About two-thirds of the way into the album, the melody and rhythms and emotions give way to a pulsating buzz. It sounds like a digital recreation of the ocean, or a distant highway on another planet. It begins on the tail end of “They Sing Old Time Religion” and continues for over a minute into “Running in Place.” This sudden lack of stimuli in the middle of an otherwise intense album, both aurally and lyrically is referred to as “the big nothingness,” by Hamilton.  He elaborates:

Tom Hamilton liveThe ideal situation for [listening to] a record is always [with] headphones on, [or] if you’re fortunate enough and if you have really great speakers you just turn it up to ten.  I wanted there to be a cool down in the middle of the whole thing. And I feel like when you’re listening with headphones or something, specifically like that, when that’s going on, it’s not that loud, that noise that’s the happening. Which makes so you have to listen more and draws you in and it changes your ears. Instead of your ears receiving sound, it’s now making your ears seek out sound. You know, and you’re digging in and you’re trying to find it. You’re listening to it, you’re like, what’s going on and you’re like, why is this happening? And then you are listening even harder as you wonder, why the fuck is this going on, and it brings you in and to me, personally, it wraps you up like a little warm blanket and then that guitar starts and you’re like, “oh shit, that was nice.”

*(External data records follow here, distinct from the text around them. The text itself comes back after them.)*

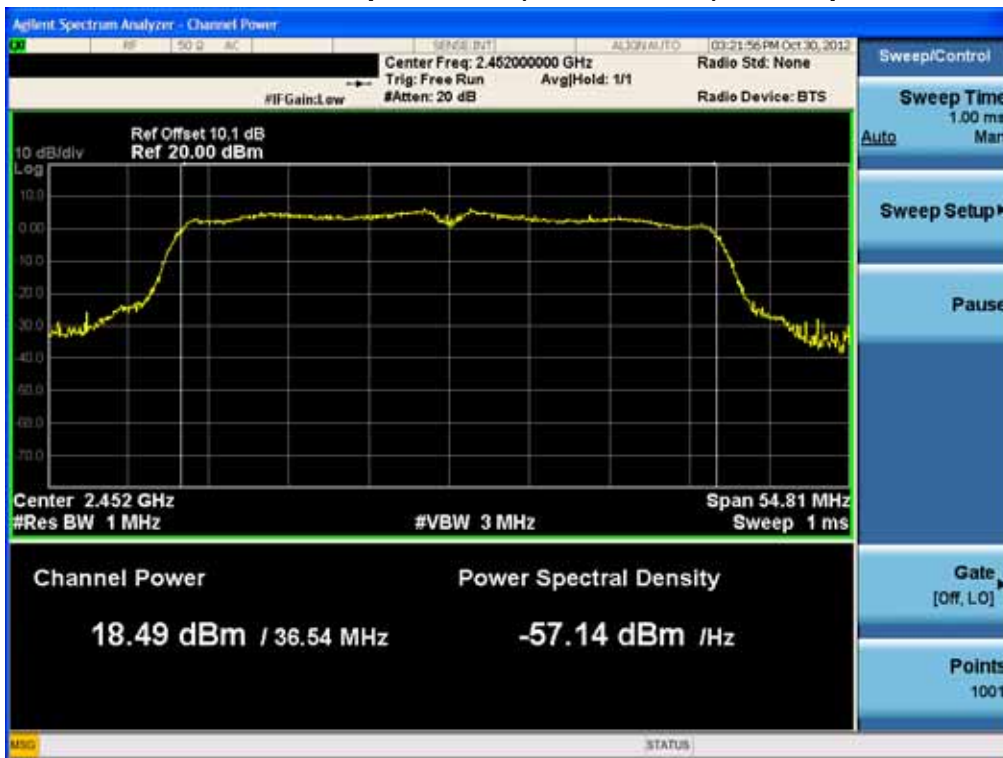

Conducted Output Power (802.11n-CH 9) 13.5Mbps

Conducted Output Power (802.11n-CH 9) 27 Mbps

Conducted Output Power (802.11n-CH 9) 40.5 Mbps

Conducted Output Power (802.11n-CH 9) 54 Mbps

FCC PT.15.247 TEST REPORT	FCC CERTIFICATION REPORT		www.hct.co.kr
Test Report No. HCTR1210FR30-1	Date of Issue: November 01, 2012	EUT Type: Cellular/PCS GSM/GPRS and Cellular WCDMA/HSDPA/HSUPA Wireless Router with WLAN	FCC ID: ZNFL03E

Conducted Output Power (802.11n-CH 9) 81 Mbps

Conducted Output Power (802.11n-CH 9) 108 Mbps

FCC PT.15.247 TEST REPORT	FCC CERTIFICATION REPORT		www.hct.co.kr
Test Report No. HCTR1210FR30-1	Date of Issue: November 01, 2012	EUT Type: Cellular/PCS GSM/GPRS and Cellular WCDMA/HSDPA/HSUPA Wireless Router with WLAN	FCC ID: ZNFL03E

Conducted Output Power (802.11n-CH 9) 121.5 Mbps

Conducted Output Power (802.11n-CH 9) 135 Mbps

FCC PT.15.247 TEST REPORT	FCC CERTIFICATION REPORT		www.hct.co.kr
Test Report No. HCTR1210FR30-1	Date of Issue: November 01, 2012	EUT Type: Cellular/PCS GSM/GPRS and Cellular WCDMA/HSDPA/HSUPA Wireless Router with WLAN	FCC ID: ZNFL03E

And it is nice. Knives and Teeth is emotional and, at times, jarring. It has a huge sound that changes radically within each track. There are crunchy electric guitar leads reminiscent of David Gilmore or Steve Kimock. There are delicate finger-picked lines that lullaby you into false senses of security. The finger picking that brings us back out of the big nothingness could easily pass for something off of a lost Elliott Smith album. At times Knives and Teeth is Americana; at times it is all Rock and Roll. There are tinges of blues, gospel and folk. The nothingness in the album gives the listener an opportunity to process and to prepare for what comes next, whatever that may be.

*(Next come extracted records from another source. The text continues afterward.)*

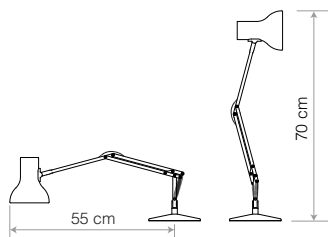

Desk Lamps

Paul Smith Editions

ANGLEPOISE®
Abandon Darkness.

		Details	Colour	SKU	£ ex. VAT
	Type 75™ Mini Desk Lamp Paul Smith Editions 1 - 4 A scaled-down, playful version of the Type 75™ desk lamp, the Type 75 Mini Desk Lamp by Paul Smith, offers all the functionality of the larger lamp in a more compact and colourful form.	Finish .....Satin + Brushed fittings			
		Height.....42cm	PS Edition One	32474	€268.49
Width.....36cm	PS Edition Two	32475			
Base Diameter....17cm	PS Edition Three	32476			
Bulb Included....Yes - 6W LED - E27	PS Edition Four	32864			
		Dimmable.....Yes - with extra hardware			
		Switch.....Rocker switch on cable			

ANGLEPOISE® + Paul Smith

Type 75 Mini Desk Lamp - Paul Smith Editions 1 - 4

	Type 75™ Mini Desk Lamp Paul Smith Editions 5 & 6 Each Anglepoise + Paul Smith design has taken a different creative direction whilst keeping true to Sir Kenneth Grange's Type 75 lamp silhouette. Edition 5 and Edition 6 are the first to feature the Artist Stripe by Paul Smith, a design flourish that achieves the seemingly impossible: bold and subtle all at once.	Finish .....Satin + Black fittings			
		Height.....42cm			
Width.....36cm					
Base Diameter....17cm			PS Edition Five	33167	NEW €285.29
Bulb Included....Yes - 6W LED - E27			PS Edition Six	33227	
		Dimmable.....Yes - with extra hardware			
		Switch.....Integrated Shade Switch			

ANGLEPOISE® + Paul Smith

Type 75 Mini Desk Lamp - Paul Smith Editions 5 & 6

Maximum Reach

This lulling lead-in couldn’t be more different than the opening of “Fire Sale,”, which comes in angry.  The intro is one of the most-hard rocking segments on the ten-track album. Hamilton sings, “I don’t know if I can forgive / Or where to begin with the way that you live / With the Catholics / It’s an impossible love.” The song is raw, honest and there is pain in every moment of every guitar lick and every vocal melody. It is not about religion per se, but the inability of people to come together around a cause bigger than themselves.  Hamilton explains how the Occupy Movement was the impetus for much of the lyrical inspiration for “Fire Sale.”

AmericanBabies_HiRes1-1024x682              I was pretty into the whole Occupy Philly thing.  I was there for quite some time with the Occupy movement and man, what a fucking shit show that turned out to be. You know, it was awful. Seeing how people are, in that kind of way, this thing that started with such hope and good intentions and then just seeing what people turned it into. You wonder why nothing can happen.

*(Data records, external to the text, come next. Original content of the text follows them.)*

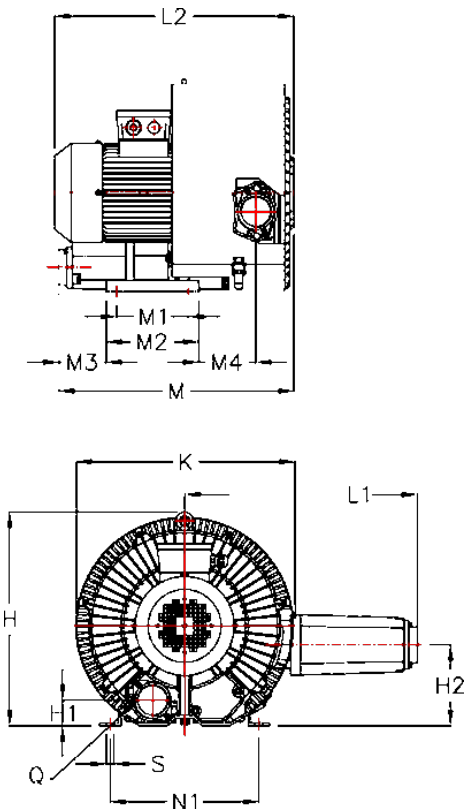

# Data Sheet

Article number: 2761634640011

Description: KLEEblower KB6346 4/4,6 kW  
3x230/400V 50/60Hz double stage

## Measures

H = 417	M2 = 180
H1 = 50	M3 = 113
H2 = 158	M4 = 132
K = 424	N1 = 290
L1 = 454	Noise level dB 50/60Hz = 75/79
L2 = 467	Q = 2-PF 2" (NPT 2")
M = 459	S = 4 x Ø15
M1 = 140

You have all of these people with their own fucking agenda and their own bullshit and it’s like hey man, I’m pretty sure, aren’t we here for this financial equality thing, figuring out the banking system and stuff and all of a sudden you’ve got some asshole talking about legalizing pot and some other asshole talking about the Illuminati…It’s like dude, I appreciate that everyone has their own issues they want to address here, but this is supposed to be about this. But to make it about this and to make a change instead of fucking splintering off, well that somehow works out. Everybody’s got their own fucking thing. Then you’ve got the opposition coming down and even they can’t agree. We’ll I’m pro-fucking life and I’m fucking this and I’m that, I’m like “dude, would everybody just shut the fuck up for four seconds and let’s try and come to a general consensus here.” It was very discouraging man.  That’s just like that whole crazy right wing thing. You know man I get it.

My mom is a very Catholic person but she’s not fucking crazy. She’s not fucking biting the heads of kittens. You know, you have these people, fucking psychopaths that are taking things to extremes. It bothers me, to say the least. So, the whole thing is just, while we’re young, while we’re free. And it’s like hey man, listen, this is a good opportunity…You have that on your side and you have your opinions and all that shit. Be smart with it. Try to get together. Why don’t we all get to-fucking-gether and talk about this shit and make it one voice that’s undeniable instead of a billion little voices that nobody gives a fuck about. You know?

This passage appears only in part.